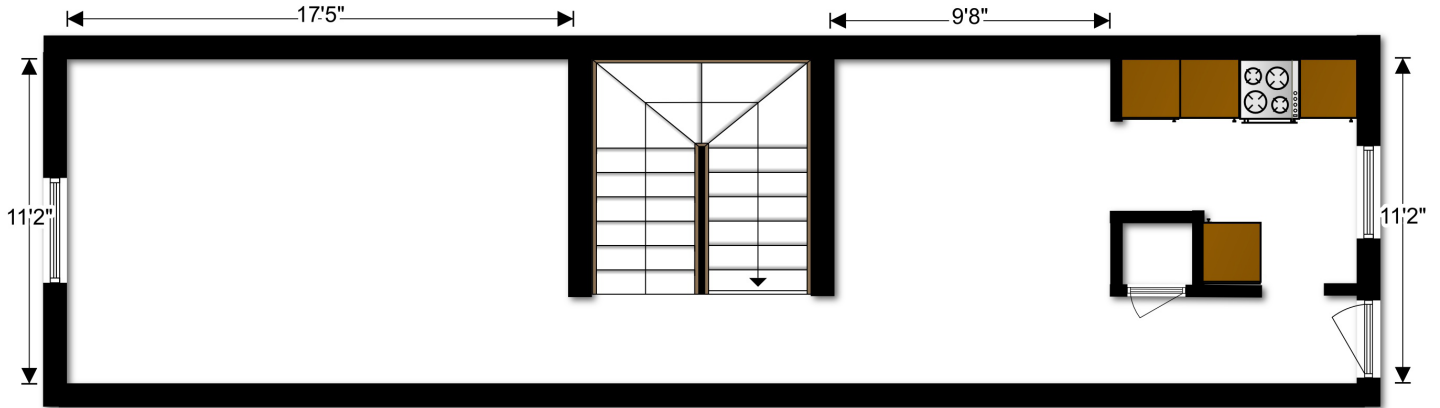

CARRIAGE PARK APARTMENTS

TWO BEDROOM (2BDR-TH-A)

1,000 sq. ft.

2TX - Two Bedroom / Two Bath Floorplan

TWO BEDROOM (2BDR-TH-A)

For pricing visit us online at:
carriageparkapts.com or call

412-330-1600

Service & Other Assistance Animals Welcome

All measurements and square footages are approximate. Room sizes may vary.

Call Us: 412-330-1600 | Email Us: info@carriageparkapts.com

Office Hours: Monday - Saturday 9:00 am - 6:00 pm | Sunday by appointment only

....

§ **TASK BRIEF**:
Please say how many lines in the entries hold the string "carriageparkapts". Give only the number.

§ **OUTPUT BELOW**:
2